Sterling Ruby, WIDW. CZU LIGHTNING FIRE., 2020 (detail). © Sterling Ruby. Photo by Robert Wedemeyer. Courtesy Sterling Ruby Studio
Diana Thater
Former chair of ArtCenter’s Graduate Art department, a core faculty member for the last twenty-seven years, and a graduate of the program, Diana Thater (MFA ’90) has created pioneering films, videos, and installations, the primary theme of which is the tension between the natural environment and mediated reality—and by extension, between the tamed and the wild. Her evocative and sometimes nearly abstract works interact with their surroundings to produce an intricate relationship between time and space.

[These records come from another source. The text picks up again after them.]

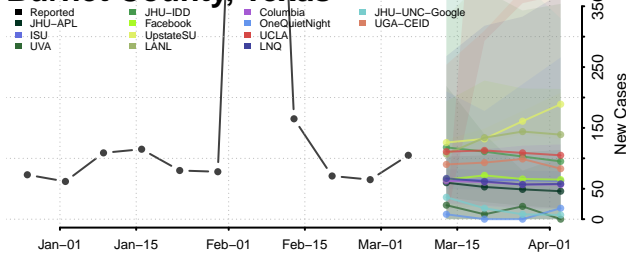

Burnet County, Texas
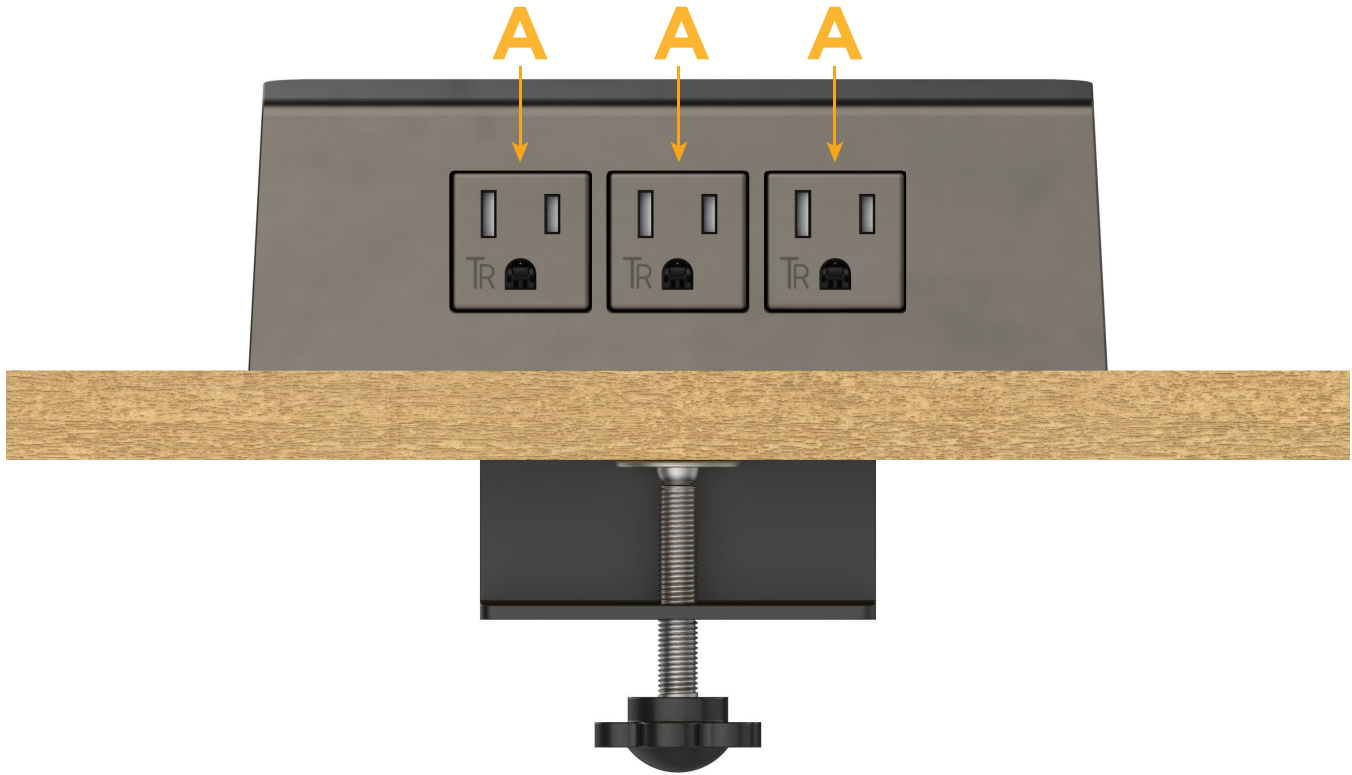

Desktop Hub Finish: UNICOLOR™ OIL RUBBED BRONZE (ABS)

Custom Finishes Available

M-POWER-3TRZ-AAA-RZADH

Features:

Module/Port Options:

- A** Tamper Resistant AC Receptacle
- E** USB-A & USB-C (20W)
- M** Double USB-A (Fast Charging Ports - 18W)
- H** HDMI
- 6** CAT 6
- 12** RJ 12
- X** Switched AC
- Y** 3-Way Switch (Low Voltage)
- V** USB-C (45W High Speed Charging Port)
- S** USB-C (25W High Speed Charging Port)
- R** Switched AC (Rocker Switch)

Plug:

- Supplied with Low Profile Flat 45° Angle 120 VAC Plug
- Optional Standard Straight 120 VAC Plug
- Optional Straight 120 VAC Pass-through Plug

- CLEAN, COMPACT DESIGN
- STREAMLINED
- QUICK, EASY INSTALLATION
- REAR-EXITING CORDS
- PLUG & PLAY
- 6' AC CORD & PLUG (FLAT PLUG STANDARD)
- CUSTOMIZABLE CONFIGURATIONS AND FINISHES
- UL LISTED FOR MOUNTING IN FURNITURE
- 15A

- A Tamper Resistant AC Receptacle

Thater’s Natural History One (2019)—currently on view in the lobby entrance of one of ArtCenter’s newest buildings—is from a small series of works that Thater began in the summer of 2019 for which she filmed several species of California butterflies. From the footage, Thater created a series of video walls composed of five screens arranged in the loose shape of a flower with LED light fixtures interspersed, bathing the wall and presentation space in an ambient glow. Each screen shows a fragment of the video, which, if combined, would present the complete image.
“As an undergrad at NYU, I took a class in the film department. One of the films we watched mesmerized me—but I couldn’t remember the title. When I got to ArtCenter, I asked our film guru, Stephen Prina, if he knew this film and I described it. He quickly responded: ‘That’s Hollis Frampton’s film Zorns Lemma.’ Not long after, Stephen taught an entire class on Hollis Frampton. Frampton’s work has occupied my mind ever since. It was brilliant, but it was really the way Prina taught that changed my worldview.
The brilliant professors I studied with introduced me to culture—to all of culture. We made art but we also watched performances, screened films, listened to music, and read literature and philosophy. From the shared experience of graduate school, peer groups are formed. And THAT is what a young artist has when they leave school—a community.”